Among the architectural jumble of the Academica Septima Superior is a ruined mosque. According to the covenfolk, it was stolen from its usual resting place in Cadiz and deposited in the Academica by Xinophides of Tytalus, after he was annoyed by the boasting of the townsfolk that they would be prosperous and teeming with foreign slaves until Allah took their mosque from them. In what may prove to have been a wise decision, Xinophides left the mosque at the very edge of the Academica. Since then, it has become a tiny outpost of the Dominion within the covenant.


The mosque consists of a covered prayer hall and an open courtyard, both rectangular and approximately the same size. One corner of the courtyard wall was dominated by a minaret when the mosque was originally built. Either the violence of the structure's theft or subsequent neglect has caused the majority of the tower above the second storey to collapse.

The courtyard was once kept clean and tidy, but is now a morass of broken paving stones, mud and the detritus of centuries. A fountain in the centre of the courtyard, where the faithful once ritually washed themselves before prayer, is now choked with leaf litter and compost. Around the wall, half a dozen dead orange trees are slowly decomposing.

The prayer hall looks no better, as several interior columns have collapsed, allowing large sections of the roof to fall in. The elaborate mosaic that covered three walls is now cracked and filthy.

Kostas the Autocrat once used a hidden compartment beneath the minbar to store the Academica's accumulated coin and jewellery. Since the coming of the new magi, and especially the passing of the Autocracy to Tyche after her father's death, this secret treasury has been thoroughly looted. The space, however, remains useful for storing things out of sight of the covenfolk.


Despite appearances, the power of the Almighty has not fled the mosque. Rather, it has retreated to a Divine regio overlaying the site. Anyone who attempts to climb the inside of the minaret, or who removes their shoes and enters the prayer hall, at one of the five traditional prayer times (dusk, dawn, mid-morning, noon and mid-afternoon) will immediately find themselves elsewhere.

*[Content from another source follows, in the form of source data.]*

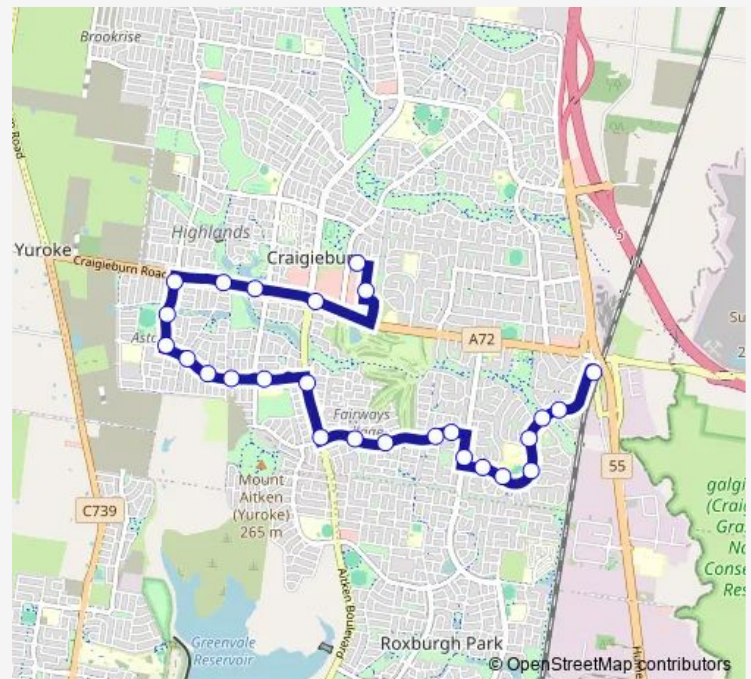

Craigieburn Central SC/Central Park Ave (Craigieburn) —
Craigieburn Station/Walters St (Craigieburn)

Monday 05:38-21:24

Tuesday 05:38-21:24

Wednesday 05:38-21:24

Thursday 05:38-21:24

Friday 05:38-21:24

Saturday 05:40-21:15

Sunday 05:40-21:15

Route info

Direction: Craigieburn Central SC/Central Park Ave
(Craigieburn)

Stops: 26

Trip Duration: 0 hour 26 min

528 — Craigieburn Central SC - Craigieburn Station

Hothlyn Drive Reserve/Hothlyn Dr (Craigieburn)

Langdon Cres/Hothlyn Dr (Craigieburn)

Aitken Creek/Hothlyn Dr (Craigieburn)

Brampton Cl/Hothlyn Dr (Craigieburn)

Craigieburn Station/Walters St (Craigieburn)

Direction

Craigieburn Station/Walters St (Craigieburn) —
Craigieburn Central SC/Central Park Ave (Craigieburn)

27 stops

[Open route schedule](#)

Craigieburn Station/Walters St (Craigieburn)

Aitken Creek/Hothlyn Dr (Craigieburn)

Langdon Cres/Hothlyn Dr (Craigieburn)

Craigieburn Education Complex/Hothlyn Dr (Craigieburn)

In contrast to the drab decay of the mundane level, the mosque in the regio is a place of wonder. The air is as warm and dry as an Andalusian summer, no matter what season holds sway over the rest of the covenant and the light is almost blindingly, painfully bright. The minaret stands tall and proud, and the prayer hall is intact. The mihrab of the prayer hall bears a calligraphic inscription, inlaid with silver, proclaiming 'there is no God but Allah'. William le Pen has noted that the rest of the customary credo '…and Mohammed is his prophet' appears to be absent.

Outside, the stones of the courtyard are in good repair, and covered with a fine layer of gold dust. This dust falls constantly, seemingly from nowhere. Much of it lands in the fountain, creating a bowl full of gold in which the words 'God is great. God is good.' are constantly written by an invisible hand.

The orange trees remain dead, marring the otherwise beautiful serenity of the scene.

Effects on Magic

Naturally enough, the regio bears a significant Divine aura. Exactly how strong the aura is has not been tested. This makes power drawn from the Magical or Faerie realms difficult to exercise.


When the magi and their companions first entered the regio, they were greeted by an angel named Tephas. In between chiding Brennix for his refusal to honour God, Tephas indicated that the curse could be lifted if it once again smelled the Blossoms of Al-Andalus.